# Exercise directions:
Repeat each line of the data below exactly, but skip the pictures.

# Data:
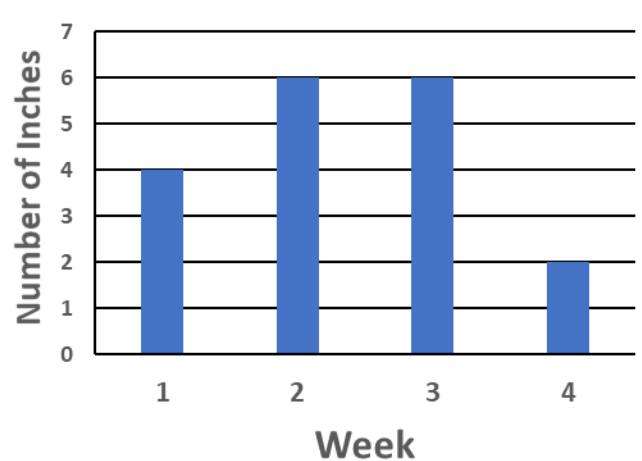

Corn Growth

A

Corn Growth

B

Corn Growth

C

Corn Growth

D

Corn Growth

E

Corn Growth

F

Corn Growth

1

Week	Number of Inches
1	
2	
3	
4	

Key:  = 2 inches

Corn Growth

2

Week	Number of Inches
1	
2	
3	
4	

Key:  = 2 inches

Corn Growth

3

Week	Number of Inches
1	
2	
3	
4	

Key:  = 2 inches

Corn Growth

4

Week	Number of Inches
1	
2	
3	
4	

Key:  = 2 inches

Corn Growth

5

Week	Number of Inches
1	
2	
3	
4	

Key:  = 2 inches

# Response to this exercise:
Corn Growth

A

Corn Growth

B

Corn Growth

C

Corn Growth

D

Corn Growth

E

Corn Growth

F

Corn Growth

1

Week	Number of Inches
1	
2	
3	
4	

Key:  = 2 inches

Corn Growth

2

Week	Number of Inches
1	
2	
3	
4	

Key:  = 2 inches

Corn Growth

3

Week	Number of Inches
1	
2	
3	
4	

Key:  = 2 inches

Corn Growth

4

Week	Number of Inches
1	
2	
3	
4	

Key:  = 2 inches

Corn Growth

5

Week	Number of Inches
1	
2	
3	
4	

Key:  = 2 inches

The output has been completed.